Но я хотела сказать совсем о другом. Давайте будем откровенны хотя бы между собой. Меня ужасает картина, какую нам обрисовали Александр Васильевич и Нина Викторовна. Фактически, чтобы не допустить краха империи, революцию в ней должны совершить мы сами. При этом против нас будут как и большинство мужиков, по природному своему консерватизму не жалующих перемен, так и всё так называемое высшее общество. Я даже не представляю, что может произойти, если нам удастся сохранить в неприкосновенности ныне существующие порядки. Войну выиграть возможно, тем более что это вопрос уже почти решенный. Но как нам выиграть после этого мир? Ведь для того чтобы по-настоящему ввести Россию в число мировых держав, нам придется делать вещи, которые многие воспримут в штыки.

А вовне, во всем мире, у нас нет и по определению не может быть надежных союзников. Скорее, наоборот, все наши соседи будут стараться нанести нам максимальный ущерб и всячески затормозить развитие России. Мы все знаем, что Ники ведет страну в пропасть. Но мы точно не знаем, какой путь не грозит нам великими потрясениями. Да, у людей из будущего, которых послал нам Господь, есть кое-какие готовые рецепты. Но вы не забывайте, что применялись они тогда, когда империя уже пала, и господину Сталину нужно было начинать всё заново.

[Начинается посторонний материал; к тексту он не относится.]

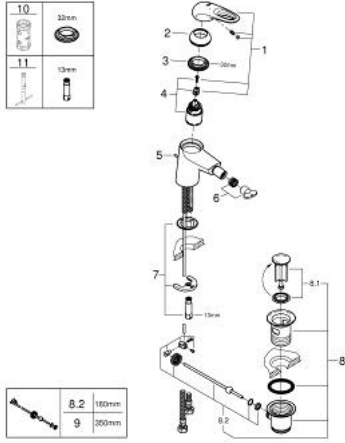

EUROSTYLE 33 565 LS3 خلاط بيديه بمقبض فردي بقياس 1/2 بوصة مقاس صغير

وصف المنتج:

- مقبض معدني مستدير
- قلب سيراميك GROHE SilkMove 35 مم
- محدد معدل تدفق قابل للتعديل
- مع محدد درجة حرارة
- طلاء GROHE LongLife
- تقنية GROHE EcoJoy لمياه أقل وتدفق ممتاز
- maximum flow rate (at 3 bar): 5 l/min
- GROHE FastFixation rapid installation system
- بمفصل كروي
- مجموعة تصريف المياه بقياس 1 1/4 بوصة
- خراطيم توصيل مرنة

EUROSTYLE 33 565 LS3 خلاط بيديه بمقبض فردي بقياس 1/2 بوصة مقاس صغير

قطع الغيار:

- 1: مقبض (46938LS0 رقم الطلب).
 - 2: غطاء (46492000 رقم الطلب).
 - 3: وحدة مسمار (46460000 رقم الطلب).
 - 4: خرطوشة (46374000 رقم الطلب).
 - 5: شداد (46739000 رقم الطلب).
 - 6: فلتر مياه (13998000 رقم الطلب).
 - 7: طقم تركيب ساق (46671000 رقم الطلب).
 - 8: مجموعة تصريف بقياس 1 1/4 بوصة (28910000 رقم الطلب).
 - 8.1: فيشه (07182000 رقم الطلب).
 - 8.2: عامود غير متمركز (07052000 رقم الطلب).
 - 9: عامود غير متمركز* (07341000 رقم الطلب).
 - 10: موسع مقبس* (19332000 رقم الطلب).
 - 11: مفتاح تحميل* (19017000 رقم الطلب).
- * إكسسوارات اختيارية*

Сандро, Мишкин, думайте! Но помните — что бы вы ни решили, возможно лишь одно: или Россия подомнет мир под себя, или мир раздавит Россию. Полвека назад была Крымская война. Мы все помним, как Европа объединилась, чтобы поставить предел русскому влиянию. Потом то же самое повторилось на Берлинском конгрессе после победоносной для нас войны за освобождение славян.

Господин Тамбовцев прав — скорее всего, нас вынудят воевать против всей Европы. И твоя, Мишкин, женитьба на японке есть своего рода страховка от того, что Япония снова не начнет войну с Россией, когда та будет сражаться на западе. Но наследник престола Алексей, как и в тот раз, скорее всего, родится больным. Как я понимаю, то, что цесаревич мог в любой момент умереть от мельчайшей царапины, очень сильно расшатывало власть. Я и не представляла, что среди моих родственников столько желающих сесть на трон брата. Распутин этот опять же, будь он неладен. Необходимо, чтобы Ники наследовали твои с японкой дети. Но как это сделать, я ума не приложу. Аликс ведь просто взбесится. Она так мечтала родить моему брату наследника-цесаревича, а тут такое…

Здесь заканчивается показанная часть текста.